Cool stuff! Are there any ‘power users’ of proarrow equipments—people who use them a lot?—who might benefit from this technology?

My friend Paul-André Melliès leaps to mind.

Posted by: John Baez on August 12, 2017 7:20 AM | Permalink | Reply to this

Re: A Graphical Calculus for Proarrow Equipments

I sure hope so!

Mike Shulman’s been using them a lot, and Emily Riehl and Dominic Verity have recently shown that you can get a “homotopy equipment” of oo-categories, functors, and modules from an oo-cosmos.

At CT2017, Christina Vasilakopoulou and Evangelia Aleiferi (who I was in the Kan seminar with) gave very cool talks on monoidal/cartesian fibrant double categories.

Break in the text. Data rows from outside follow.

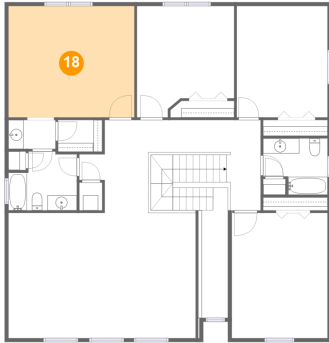

17 Floor 2 - Sitting Room

Dimensions: 24'8" x 16'6"
Area: 407 sq. ft
Counted as living area: Yes

Heated: Yes
Finished: Yes
Enclosed: Yes
Contiguous: Yes
Permitted: Yes
Wet space: No
Addition: No
Conversion: No

1501 Alton Court, Fruit Cove, Florida 32259, United States

18 Floor 2 - Bedroom

Dimensions: 16'7" x 14'8"
Area: 244 sq. ft
Counted as living area: Yes

Heated: Yes
Finished: Yes
Enclosed: Yes
Contiguous: Yes
Permitted: Yes
Wet space: No
Addition: No
Conversion: No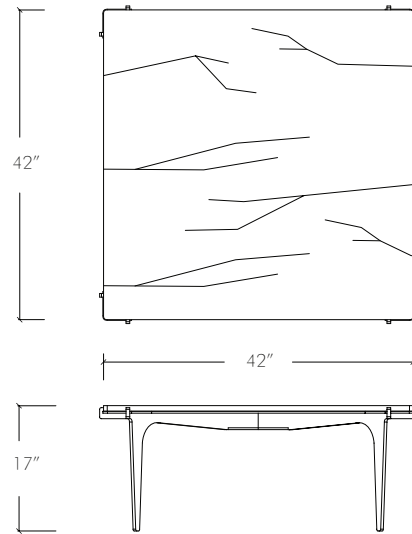

Coffee Table

4/4

Spec sheet

Product name: Prong Coffee Table

Standard Leadtime: 12-14 weeks

Dimensions: Round: 36" Dia x 17" H
Square: 42" x 42" x 17" H

Standard Round
Coffee Table

Standard Square
Coffee Table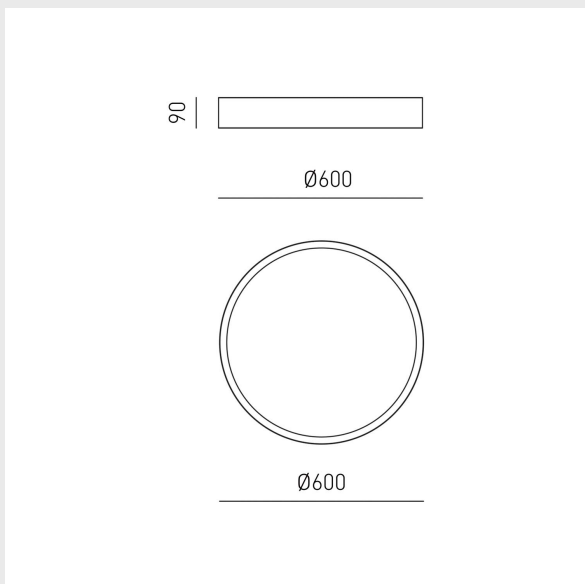

AVA P/M

FAVPN2 - NERO - BLACK

Montatura in alluminio satinato nero. Diffusore in metacrilato bianco opale. Plafoniera con sorgente luminosa led dimmerabile a taglio di fase tramite dimmer esterno+push (non inclusi).

DATI TECNICI:

Wattaggio: 60W

Lumen: 4500-4600lm

Temperatura Colore: 3000K-4000K

Voltaggio: 220-240V

Grado IP: IP20

Fascio luminoso: 120°

CRI: >80

Durata: 30.000h

Classe: Classe 1

Black satin finish aluminium mount. White opal methacrylate diffuser. Phase cut dimmable LED ceiling light source via external dimmer + push (not included).

TECHNICAL DATA:

Watt: 60W

Lumen: 4500-4600lm

Color temperature: 3000K-4000K

Volt: 220-240V

IP: IP20

Beam: 120°

CRI: >80

Life: 30.000h

Class: Classe 1 895.700

I hope they can find some use for the diagrams, especially if it means working in 3 dimensions.

Speaking of 3 dimensional diagrams, those slides by Paul-André Melliès are gorgeous and very interesting! I’ve had a hunch that you can ‘topologize’ Girard’s Logic of Unity with equipment diagrams, associating the polarities to the possible directions of vertical arrows: down (neutral), left, and right. Paul-André sounds like the right sort of person to tell me if this makes any sense!

Posted by: David Jaz Myers on August 12, 2017 5:42 PM | Permalink | Reply to this

Re: A Graphical Calculus for Proarrow Equipments

This is very cool! I’m looking forward to making use of it.

One minor note: I think your use of the words “vertical” and “horizontal” is potentially confusing. Of course your “vertical arrows” are being drawn as vertical lines, but if you think of them as a morphism from one plane region to the other, they actually travel horizontally, so in the usual Poincare dual “arrow diagrams” they would be called the “horizontal arrows”. Personally, I generally find it helpful to orient my string diagrams and arrow diagrams so that Poincare duality makes them correspond, so I would call your “vertical” arrows “horizontal” and vice versa.

That said, overall I’ve been getting rather fed up with the terminological mess of “horizontal” versus “vertical” in double categories. Half the community draws the arrows horizontal and the proarrows vertically and the other half does it the other way. So if you hear a double category theorist say “horizontal arrow” and you don’t know to which school they belong, you have to ask “are those the arrows or the proarrows”? And just in general, naming things after their notations is a bad practice. Of course in an equipment we can say “arrows” and “proarrows”, but in a general double category that seems less appropriate, yet we still want to distinguish between the “strict” direction and the “weak” one. My current proposal is to say “tight arrow” and “loose arrow”, borrowing the terminology of F-categories.

Posted by: Mike Shulman on August 12, 2017 8:30 AM | Permalink | Reply to this

Re: A Graphical Calculus for Proarrow Equipments

It makes a lot of sense to draw the ‘strict’ arrows as straight arrows and the ‘weak’ arrows as wiggly or barred arrows. Recently on Twitter Emily Riehl asked “when does it make sense to draw a morphism as a wiggly arrow?”, and I said something like “when the morphism takes its time getting there, or is somewhat indirect”. I think a profunctor or span or cospan is indirect in exactly this sense.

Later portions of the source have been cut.